WHAT THE EXERCISE ASKS — Among the records that follow, find each line holding the word "Criadores" and copy it.

=== PROVIDED ENTRIES ===

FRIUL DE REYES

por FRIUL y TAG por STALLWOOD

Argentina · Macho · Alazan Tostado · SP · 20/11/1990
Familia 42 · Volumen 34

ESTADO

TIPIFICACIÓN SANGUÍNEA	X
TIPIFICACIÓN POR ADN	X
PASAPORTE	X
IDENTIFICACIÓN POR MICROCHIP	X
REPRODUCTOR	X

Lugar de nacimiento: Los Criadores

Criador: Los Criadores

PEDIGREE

===
=== PROVIDED ENTRIES ===

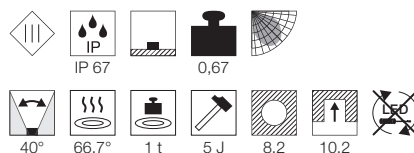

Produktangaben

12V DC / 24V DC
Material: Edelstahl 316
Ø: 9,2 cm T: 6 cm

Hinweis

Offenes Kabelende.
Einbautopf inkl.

===
=== PROVIDED ENTRIES ===

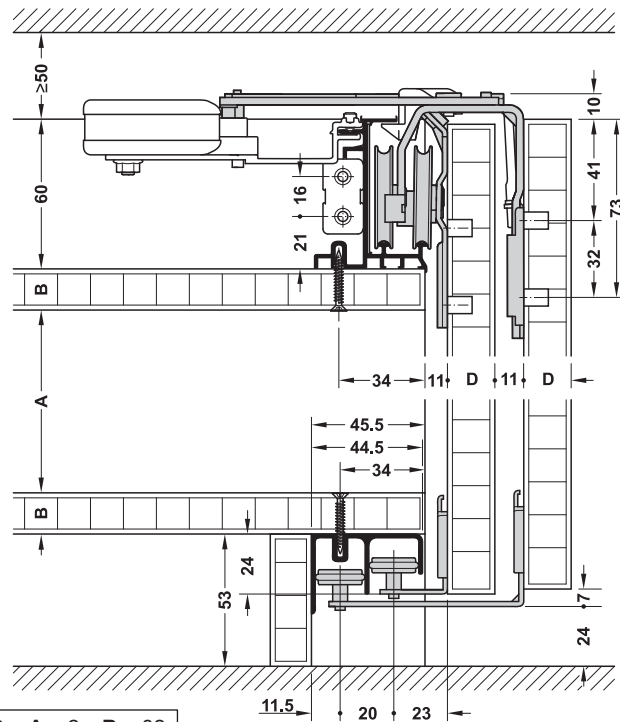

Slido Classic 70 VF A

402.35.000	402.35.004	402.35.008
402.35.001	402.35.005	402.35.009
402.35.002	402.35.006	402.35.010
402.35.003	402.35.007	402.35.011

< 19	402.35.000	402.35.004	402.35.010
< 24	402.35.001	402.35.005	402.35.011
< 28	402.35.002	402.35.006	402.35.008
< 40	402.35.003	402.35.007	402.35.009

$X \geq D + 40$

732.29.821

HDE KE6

===

RESULT OF THIS TASK —
Lugar de nacimiento: Los Criadores
Criador: Los Criadores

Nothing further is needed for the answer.